- **Input**:
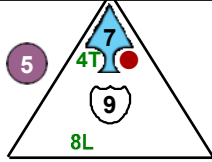

Move and Shoot
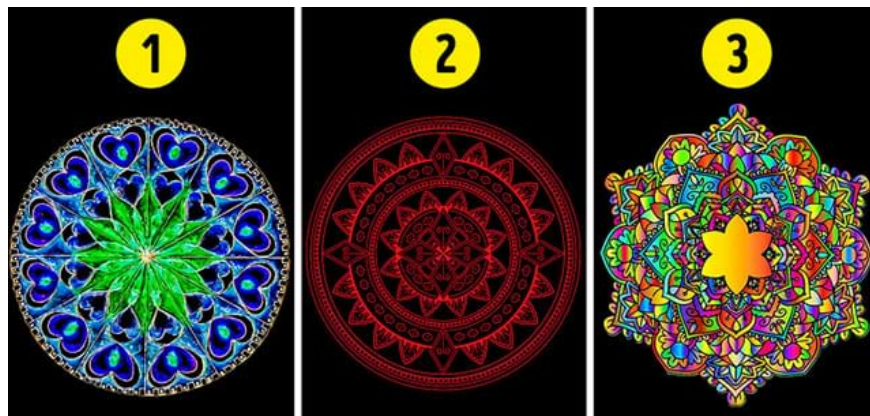

*You see a small mouse.*

Your trend is to look into details, small content. Thank you for this personality because of it you can observe subtly what others can't see.

## **How do you solve difficulties?**

© brightside

***You see a keyhole***

You are an optimist and can always find solutions even in the most difficult situations. You are always alert and strong. Even if you can't cross the door, you will try to see things through the small keyhole.

***You see a pretty little boy.***

You are a wonderful and sensitive person. Sometimes you will exaggerate some problems, but then everything is fine and resolves well.

**Choose your mandala circle and find out what makes you focus in life.**

- **Try it**:
Your answer must be the line with "You are a wonderful" and all lines after it through the final line of the entries, copied exactly and with nothing added.

- **Exercise answer**:
You are a wonderful and sensitive person. Sometimes you will exaggerate some problems, but then everything is fine and resolves well.

**Choose your mandala circle and find out what makes you focus in life.**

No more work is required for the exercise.